Once they are filled with the appropriate number of sachets, the cartons are released to the conveyor and are diverted into a single lane for transport to a checkweigher. The next step is carton closing on the Kapstone machine. After being closed and laser-coded, the cartons are conveyed through a metal detector. They are then automatically grouped and hand-packed into a case, which is taped, coded, and palletized.

According to Werner, each machine requires specific, yet relatively simple, adjustments for changeover. “The changeover on our pouch machines for the different counts is the flip of a switch,” he says. “The carton former has four major change parts for each carton size and a couple of hand-crank adjustments for carton-width changes. The conveyor system requires guide-rail setting changes for each carton.”

Sweet success is anticipated

Combining the three-up carton former, the three high-speed pouching machines, and the redesigned carton closer, Cloud’s new packaging line is on its way to meeting Cargill’s 2008 production goals, producing 3,000 pouches/min (1,000 pouches/min/lane). But if Cargill’s predictions for the growth of its new, natural sweetener are on target, Cloud will have a need for even greater speed in the year to come.

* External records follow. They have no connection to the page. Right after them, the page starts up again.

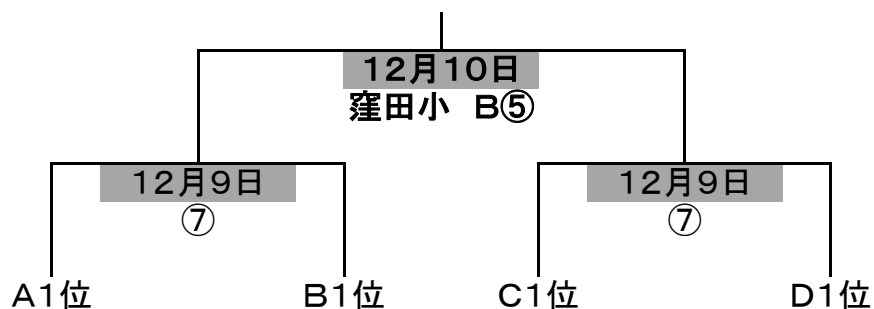

Aコート

Bコート

※各リーグ1位が、決勝トーナメントへ進出する。

《リーグ・リンク戦順位決定方法》

①勝ち数 ②直接対決 ③セット率 ④ポイント率 ⑤くじ

※Dリーグ 2勝が2チーム以上の場合は決定戦を行う

第49回松山市スポーツ少年団大会(バレーボールの部)

Bグループ

【12月10日】

窪田小学校

《リンク戦順位決定方法》

- ①勝ち数 ②直接対決 ③セット率 ④ポイント率 ⑤くじ
 ※2勝が2チーム以上の場合は決定戦を行う

Aグループ

“Cloud is continuing to work with Cargill to determine how this existing line, coupled with a new Cloud Performa™ SP pouch maker, can meet their longer-term demand, once the product takes off in 2009 and beyond,” relates Werner. “The new machine will be capable of producing up to 4,000 pouches per minute.”

After Truvia’s initial launch last July in select supermarkets in New York City, it is now available in retail stores nationwide, with a “very positive reaction so far,” according to Tucker. So hopes run high that the success of Truvia will be sweet indeed.